Material for this exercise Block Start

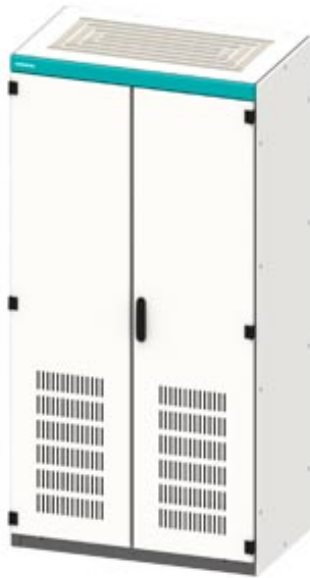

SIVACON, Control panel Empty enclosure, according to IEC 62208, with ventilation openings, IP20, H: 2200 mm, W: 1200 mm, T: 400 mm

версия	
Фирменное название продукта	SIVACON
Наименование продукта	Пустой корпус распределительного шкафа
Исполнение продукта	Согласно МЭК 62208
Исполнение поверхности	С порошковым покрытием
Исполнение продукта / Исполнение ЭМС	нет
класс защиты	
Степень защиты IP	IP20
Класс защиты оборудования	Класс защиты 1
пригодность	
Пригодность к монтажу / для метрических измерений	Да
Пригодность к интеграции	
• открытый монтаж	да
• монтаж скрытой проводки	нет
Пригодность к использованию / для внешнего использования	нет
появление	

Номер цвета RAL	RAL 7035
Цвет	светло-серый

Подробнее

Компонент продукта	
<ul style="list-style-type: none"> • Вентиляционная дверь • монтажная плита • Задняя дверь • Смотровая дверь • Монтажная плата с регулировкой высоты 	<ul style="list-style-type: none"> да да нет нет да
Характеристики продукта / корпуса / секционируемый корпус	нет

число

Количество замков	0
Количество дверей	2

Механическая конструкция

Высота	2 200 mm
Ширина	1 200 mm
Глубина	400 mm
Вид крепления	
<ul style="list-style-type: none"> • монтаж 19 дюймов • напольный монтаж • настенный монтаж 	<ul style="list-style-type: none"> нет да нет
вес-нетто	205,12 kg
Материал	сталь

Material for this exercise Block End
Material for this exercise Block Start

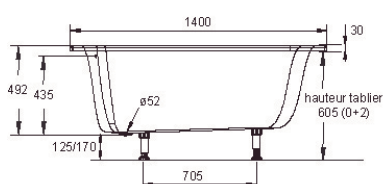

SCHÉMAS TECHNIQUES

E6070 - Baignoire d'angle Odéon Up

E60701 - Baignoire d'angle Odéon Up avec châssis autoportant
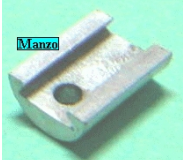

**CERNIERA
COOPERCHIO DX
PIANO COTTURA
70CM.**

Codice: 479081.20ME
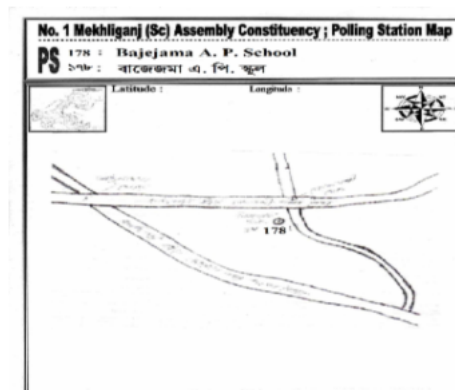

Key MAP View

Material for this exercise Block End

# What the exercise asks
Report each line of the data in which "SIVACON" occurs.

# Solution for this problem
SIVACON, Control panel Empty enclosure, according to IEC 62208, with ventilation openings, IP20, H: 2200 mm, W: 1200 mm, T: 400 mm
Фирменное название продукта	SIVACON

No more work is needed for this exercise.